Reading time: 12 minutes
The main purpose of this project is to demonstrate my experimentation and analytical skills in R and SQL using a dataset that I collected from a maize experiment during my university program from the University of Queensland in 2015. This personal project improves and reforges the original project with more data cleaning, data manipulation, better visualisations, and statistical tests.
The maize study had a CRD system (completely randomised design) and was carried out in the glasshouse of the university.

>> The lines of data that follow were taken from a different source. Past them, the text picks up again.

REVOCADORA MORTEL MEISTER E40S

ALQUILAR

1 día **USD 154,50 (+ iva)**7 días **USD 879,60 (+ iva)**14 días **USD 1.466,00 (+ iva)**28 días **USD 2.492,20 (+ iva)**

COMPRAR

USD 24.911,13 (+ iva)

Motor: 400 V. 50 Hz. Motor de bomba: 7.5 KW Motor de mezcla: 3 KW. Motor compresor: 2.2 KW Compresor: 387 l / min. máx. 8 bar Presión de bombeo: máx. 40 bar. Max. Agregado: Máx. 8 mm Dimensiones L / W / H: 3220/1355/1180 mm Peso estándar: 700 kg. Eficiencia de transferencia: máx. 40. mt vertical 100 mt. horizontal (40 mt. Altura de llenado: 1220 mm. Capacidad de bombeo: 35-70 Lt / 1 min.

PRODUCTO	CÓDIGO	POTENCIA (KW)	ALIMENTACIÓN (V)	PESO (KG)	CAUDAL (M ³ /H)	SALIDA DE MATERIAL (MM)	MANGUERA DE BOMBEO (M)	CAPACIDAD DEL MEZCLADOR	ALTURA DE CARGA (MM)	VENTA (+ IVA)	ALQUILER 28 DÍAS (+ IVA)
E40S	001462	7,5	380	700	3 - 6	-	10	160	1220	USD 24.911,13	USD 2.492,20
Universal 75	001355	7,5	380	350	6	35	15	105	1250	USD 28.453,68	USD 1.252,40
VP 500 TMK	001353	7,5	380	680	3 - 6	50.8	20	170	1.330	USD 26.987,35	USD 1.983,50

There were 6 treatments, and 9 replicates for each treatment. Each treatment has soil nutrient content different from each other. Plant weight was the responding variable. All maize crops were harvested, oven dried, and weighted during 3 harvest periods. 2 visualisations were synthesised to observe overall trend, Q-Q plot and Shapiro-Wilk test were used to test for residual normality, Levene’s test was applied to test for group variances, Kruskal-wallis and Dunn’s test were selected as the omnibus and post-hoc test.

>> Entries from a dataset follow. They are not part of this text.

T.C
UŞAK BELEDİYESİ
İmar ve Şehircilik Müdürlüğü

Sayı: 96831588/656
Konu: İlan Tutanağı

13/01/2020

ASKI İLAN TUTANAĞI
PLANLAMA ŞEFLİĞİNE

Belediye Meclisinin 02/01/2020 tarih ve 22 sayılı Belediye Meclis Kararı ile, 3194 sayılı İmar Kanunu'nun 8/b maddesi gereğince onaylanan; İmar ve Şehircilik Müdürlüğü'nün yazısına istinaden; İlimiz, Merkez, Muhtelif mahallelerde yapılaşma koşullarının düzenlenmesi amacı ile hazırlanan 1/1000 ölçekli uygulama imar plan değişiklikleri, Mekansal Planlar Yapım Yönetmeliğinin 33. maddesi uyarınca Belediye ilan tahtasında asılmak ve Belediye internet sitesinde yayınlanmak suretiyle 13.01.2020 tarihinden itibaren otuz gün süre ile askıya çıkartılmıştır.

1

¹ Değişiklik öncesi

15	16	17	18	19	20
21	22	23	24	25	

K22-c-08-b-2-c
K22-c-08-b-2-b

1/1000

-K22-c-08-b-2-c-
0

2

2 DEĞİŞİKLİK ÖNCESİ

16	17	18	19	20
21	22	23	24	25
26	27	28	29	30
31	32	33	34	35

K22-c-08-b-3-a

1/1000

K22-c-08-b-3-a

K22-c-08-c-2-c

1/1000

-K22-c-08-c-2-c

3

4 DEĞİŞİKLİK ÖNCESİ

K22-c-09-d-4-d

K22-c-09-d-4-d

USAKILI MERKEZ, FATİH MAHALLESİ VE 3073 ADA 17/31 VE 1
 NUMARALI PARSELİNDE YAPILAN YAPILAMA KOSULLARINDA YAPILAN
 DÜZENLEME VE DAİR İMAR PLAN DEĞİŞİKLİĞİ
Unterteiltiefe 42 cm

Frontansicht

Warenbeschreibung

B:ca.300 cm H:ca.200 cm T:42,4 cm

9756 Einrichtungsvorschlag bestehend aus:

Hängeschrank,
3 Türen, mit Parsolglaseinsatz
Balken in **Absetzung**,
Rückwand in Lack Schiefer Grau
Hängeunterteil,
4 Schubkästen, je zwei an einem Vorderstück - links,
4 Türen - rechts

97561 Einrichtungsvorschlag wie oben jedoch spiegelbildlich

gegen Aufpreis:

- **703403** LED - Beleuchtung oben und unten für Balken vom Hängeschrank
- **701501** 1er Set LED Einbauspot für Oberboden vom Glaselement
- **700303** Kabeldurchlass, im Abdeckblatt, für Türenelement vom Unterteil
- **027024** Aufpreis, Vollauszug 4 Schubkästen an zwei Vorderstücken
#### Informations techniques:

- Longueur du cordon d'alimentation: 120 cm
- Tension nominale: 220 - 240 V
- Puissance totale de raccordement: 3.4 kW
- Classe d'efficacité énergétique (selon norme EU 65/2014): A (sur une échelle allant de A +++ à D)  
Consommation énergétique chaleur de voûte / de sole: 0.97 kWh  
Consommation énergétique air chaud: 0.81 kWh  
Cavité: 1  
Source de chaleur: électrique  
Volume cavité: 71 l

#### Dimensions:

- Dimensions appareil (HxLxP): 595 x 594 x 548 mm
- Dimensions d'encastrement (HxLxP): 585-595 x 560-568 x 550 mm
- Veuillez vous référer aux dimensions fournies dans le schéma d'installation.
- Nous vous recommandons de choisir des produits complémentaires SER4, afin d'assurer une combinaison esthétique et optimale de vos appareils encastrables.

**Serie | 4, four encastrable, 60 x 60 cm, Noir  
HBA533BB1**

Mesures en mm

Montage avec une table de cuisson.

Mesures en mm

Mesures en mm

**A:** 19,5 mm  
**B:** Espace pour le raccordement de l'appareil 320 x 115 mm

Result reveals that nitrogen and phosphorus are the most limiting nutrients among the treatments in the experiment. Maize plants in soils that do not have nitrogen and phosphorus had the significantly lower growth compared to other treatments. Removing potassium and sulphur affects plant growth as well but the growth was still significantly higher than nitrogen and phosphorus limited soil. However, the growth of plants in soil that has potassium and sulphur removed was still significantly lower than the soils that have the balanced nutrient.
Highlights
R packages loaded in this project include tidyverse packages (ggplot2, dplyr, tidyr, readr, purrr, tibble, stringr, and forcats), skimr, kabbleExtra, ggrepel, qqplotr, DescTools, and dunn.test.
library(tidyverse)
library(skimr)
library(kableExtra)
library(ggrepel)
library(qqplotr)
library(DescTools)
library(dunn.test)
Plants require a variety of nutrients for healthy growth and yield. The goal of this project is to investigate which of the 6 plant-essential soil nutrients affects plant growth the most. This experiment was actually mine, and has already been carried out in a glasshouse in the University of Queensland (UQ) Gatton campus in 2015, I am revisiting it and reforging it with relevant skills in R, SQL, and statistical analysis.

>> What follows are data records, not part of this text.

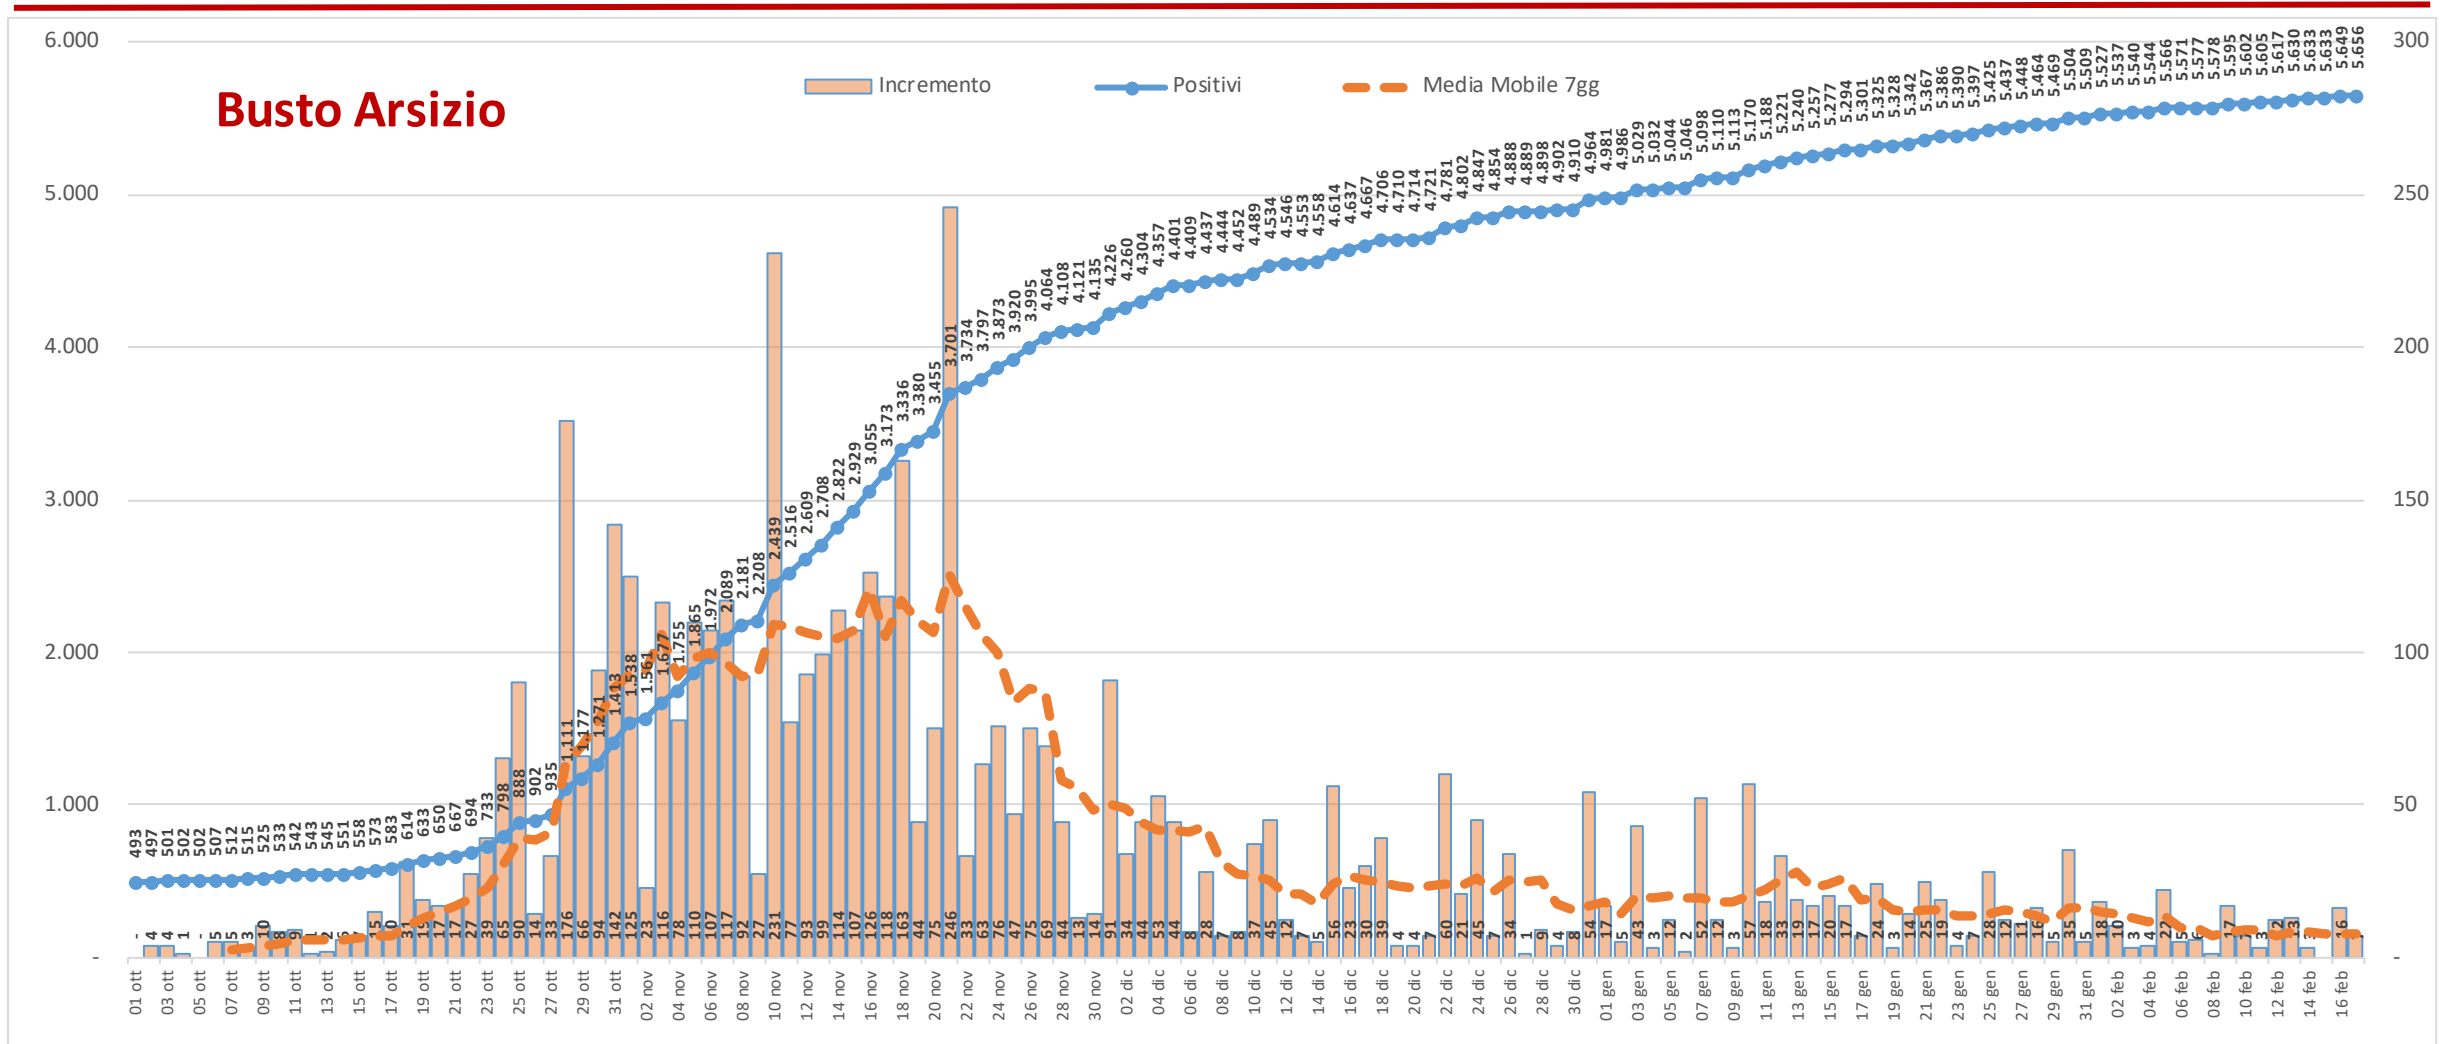

# **Andamento dei casi positivi nei principali comuni della provincia di Varese**

**Materiale preparato da Samuele Astuti sulla base dei dati ufficiali  
pubblicati da Regione Lombardia**

**Versione aggiornata mercoledì 17 febbraio**

# 02. Busto Arsizio

# 11. Legnano

It was a potting experiment, maize was planted in various pots that have different nutrient contents. The glasshouse has a controlled, homogeneous environment, it was designed and built for experimentation purposes. There were 54 pots allocated for the experiment. There were 6 treatments in the experiment. Each treatment had 9 replicates. In the experiment, the position of each pot was completely randomised in the allocated bench in the glasshouse. It was a 75-days experiment, randomisation was carried out at least 3 times each week during watering.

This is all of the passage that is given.